WORKING DATA START

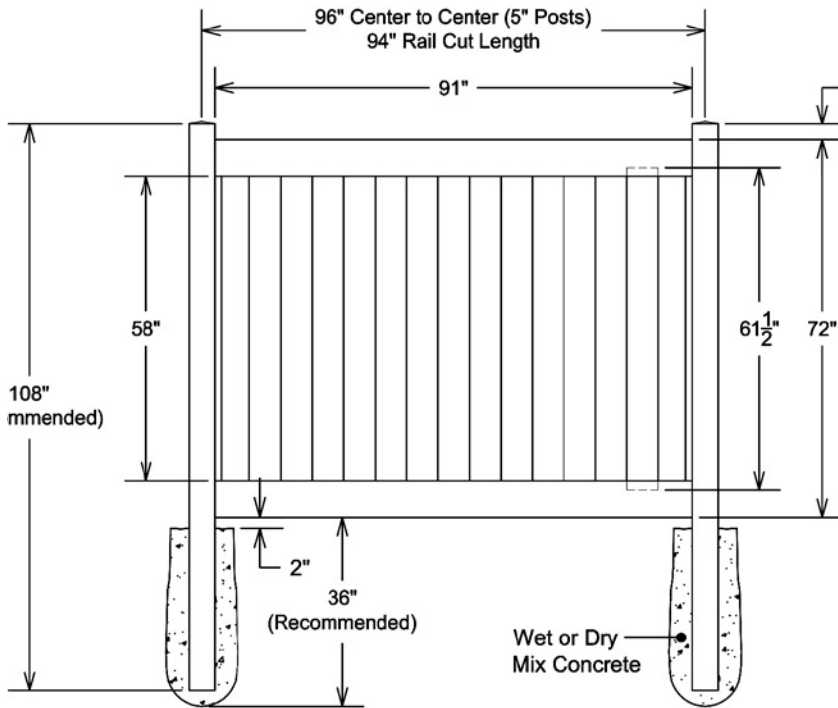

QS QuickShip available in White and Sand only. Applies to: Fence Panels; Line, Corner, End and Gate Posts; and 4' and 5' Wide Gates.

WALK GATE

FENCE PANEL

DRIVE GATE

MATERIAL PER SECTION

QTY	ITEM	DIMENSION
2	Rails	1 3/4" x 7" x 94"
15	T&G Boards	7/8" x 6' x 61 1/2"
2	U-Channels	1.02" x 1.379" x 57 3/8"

WORKING DATA END

EXERCISE BRIEF - Nothing but the lines from the one containing "MATERIAL PER SECTION" through the end of the entries belongs in the answer; repeat them exactly.

WRITTEN REPLY -
MATERIAL PER SECTION

QTY	ITEM	DIMENSION
2	Rails	1 3/4" x 7" x 94"
15	T&G Boards	7/8" x 6' x 61 1/2"
2	U-Channels	1.02" x 1.379" x 57 3/8"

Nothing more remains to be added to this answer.